# Reheating



## loweyj (Jun 21, 2021)

Good Morning. I'm menu planning and would like to add a sous vide thick pork chop to my menu. I'm trying to figure out how to do this, as reheating for 3-4 hours in a bath is not practical prior to the sear. We like our meals out to our customers with-in a 30 minute time frame, maybe a little longer. Is it possible?


----------



## dr k (Jun 21, 2021)

loweyj said:


> Good Morning. I'm menu planning and would like to add a sous vide thick pork chop to my menu. I'm trying to figure out how to do this, as reheating for 3-4 hours in a bath is not practical prior to the sear. We like our meals out to our customers with-in a 30 minute time frame, maybe a little longer.
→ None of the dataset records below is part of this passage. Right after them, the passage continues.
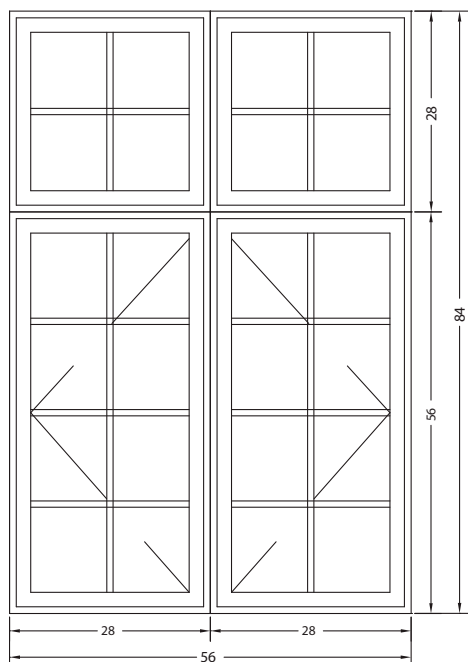

Option D

Traditional Casement

Price ~~$6,825~~ **$3,000**

Two Wide w/Two Transoms
Exterior Trim: None
Frame Width: 56"
Frame Height: 84"
Handing: Left/Right
Species: Fir
Interior Finish: Clear Lacquer
Exterior Finish: Chestnut Bronze
Jamb: 4-9/16", 5/4 JE - 5/4 Reveal Thickness
Glass: Low-Ē³-366 with Neat® and High Altitude
Grid Type: 7/8" Bead interior and exterior
Internal Grid Finish: Light Bronze Shadow Bar
Spacer Color: Black

SDL Finish: Chestnut Bronze
Grid Pattern: Colonial 2-Wide 2-High
Bottom Grid: Colonial 2-Wide 4-High
Hardware: Nesting Handle, Oil-Rubbed Bronze
Drip Cap Color: Match Frame Color
Screen Options: Full Screen or No Screen

When installed, product and fixture could exceed 96" in height with a base dimension of 72" x 38"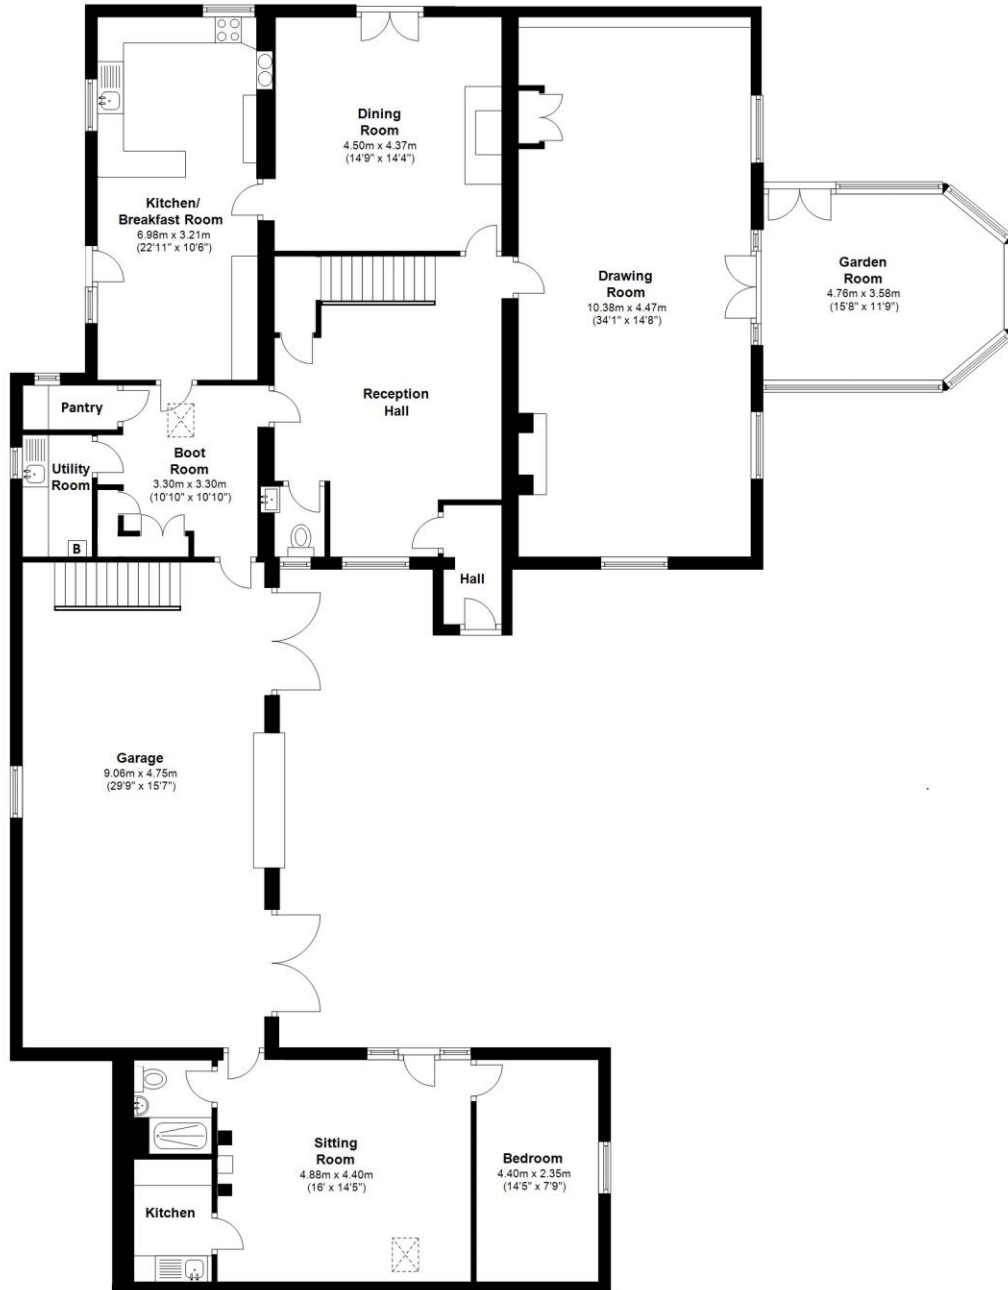

Dotland Farmhouse, Hexham, Northumberland, NE46 2JY

Total area: approx. 408.6 sq. metres (4398.4 sq. feet)

Not to scale. For identification only

Dotland Farmhouse, Hexham, Northumberland, NE46 2JY

Total area: approx. 408.6 sq. metres (4398.4 sq. feet)
Not to scale. For identification only

Dotland Farmhouse, Hexham, Northumberland, NE46 2JY

Total area: approx. 408.6 sq. metres (4398.4 sq. feet)
Not to scale. For identification only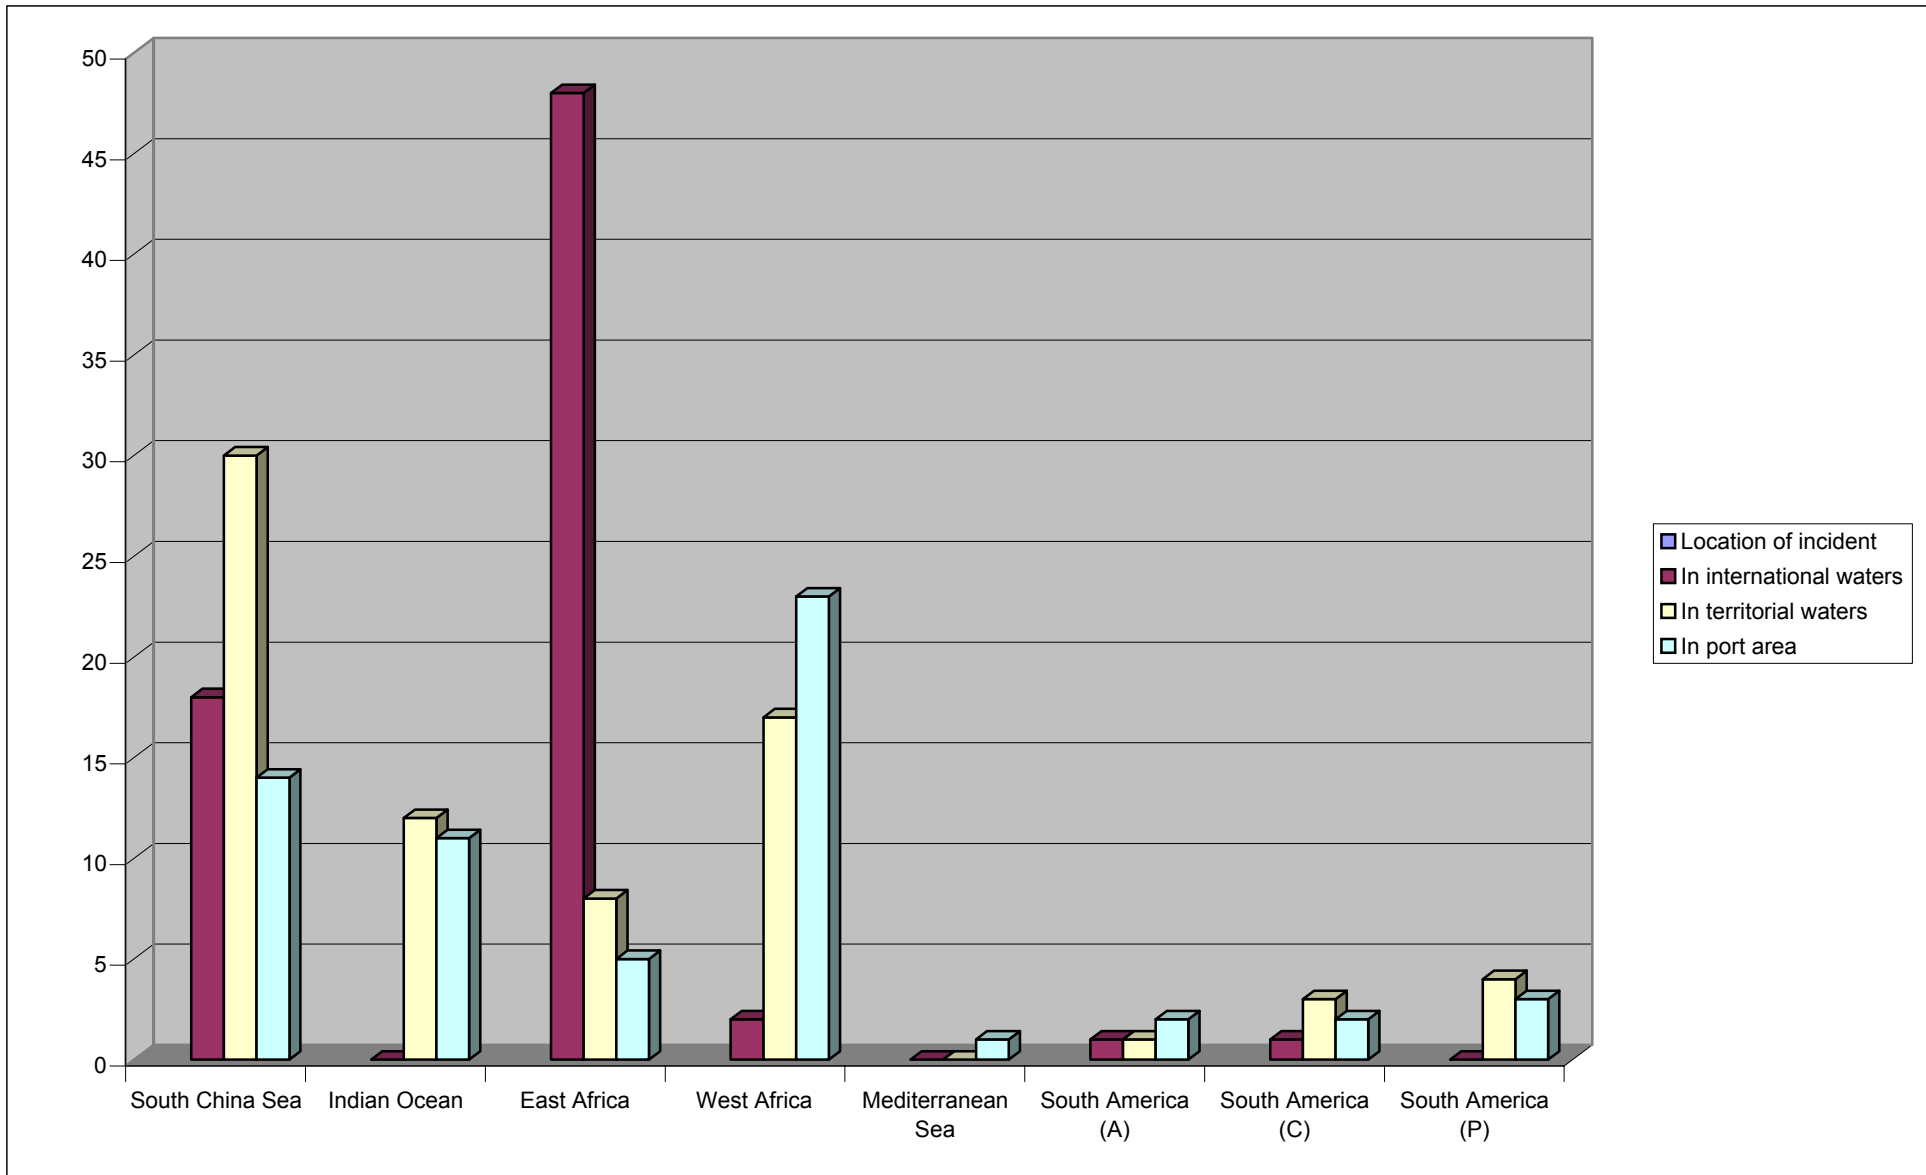

**REPORTED ACTS OF PIRACY AND ARMED ROBBERY AGAINST SHIPS WHICH WERE REPORTED
TO HAVE BEEN ALLEGEDLY COMMITTED DURING 2008
(per area and per annum)**

Is it possible?


If you individually SV/pasteurize each chop in it's own vac bag to the desired temp, thickness and duration and put in an ice water bath to cool quickly in the fridge you have 28 days at a fridge temp of 37 degrees to put it in a SV  at the same cook/pasteurizing temp to reheat and not over cook in a half hour.  Your individual vac bagged pasteurized refrigerated chops are waiting for you  to quickly reheat and sear for service.   This is a go to for me because I pasteurize everything in a SV vs just heating for food safety and have plenty of time to figure out when I want to eat it.  When I start the SV I put a big bowl of cold water in the fridge because things pop up and the meal is delayed so I go the extra little amount of time to pasteurize vs the heating table.  Table 5.1 is pasteurizing.  
https://www.douglasbaldwin.com/sous-vide.html


----------



## loweyj (Jun 21, 2021)

dr k said:


> If you individually SV/pasteurize each chop in it's own vac bag to the desired temp, thickness and duration and put in an ice water bath to cool quickly in the fridge you have 28 days at a fridge temp of 37 degrees to put it in a SV  at the same cook/pasteurizing temp to reheat and not over cook in a half hour.  Your individual vac bagged pasteurized refrigerated chops are waiting for you  to quickly reheat and sear for service.   This is a go to for me because I pasteurize everything in a SV vs just heating for food safety and have plenty of time to figure out when I want to eat it.  When I start the SV I put a big bowl of cold water in the fridge because things pop up and the meal is delayed so I go the extra little amount of time to pasteurize vs the heating table.  Table 5.1 is pasteurizing.
> https://www.douglasbaldwin.com/sous-vide.html


Thank-you dr k !!


----------